# EXERCISE MATERIALS
•••••

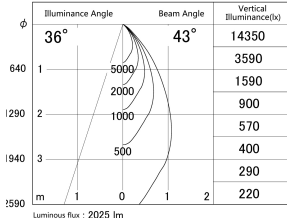

Item no. DD161-2045MW9027-FX-TL

Series Name: AMMA Φ80 series Lens type Fixed Antiglare (DD161-AG-FX)

■ Lighting Distribution Curve (cd/1000 lm)

Installation	Recessed mount
Type	High-efficiency antiglare type fixed downlight
Fixture wattage	21W
Beam angle	43deg
Color Temp.	2700K
CRI	Ra>90
Luminous	2027 lm
Body	Die-castaluminumalloy
Body finish	N/A
Trim finish	White
Reflector finish	Mirror
IP Rate	IP20
Light source	COB module
Input Voltage	AC220~240V
Dimming Type	Non-Dimmable
Certificate	CE,CCC
Cut Hole	80mm

•••••

# EXERCISE
For the string "Body", return every line of the data where it appears.

# EXERCISE ANSWER
Body	Die-castaluminumalloy
Body finish	N/A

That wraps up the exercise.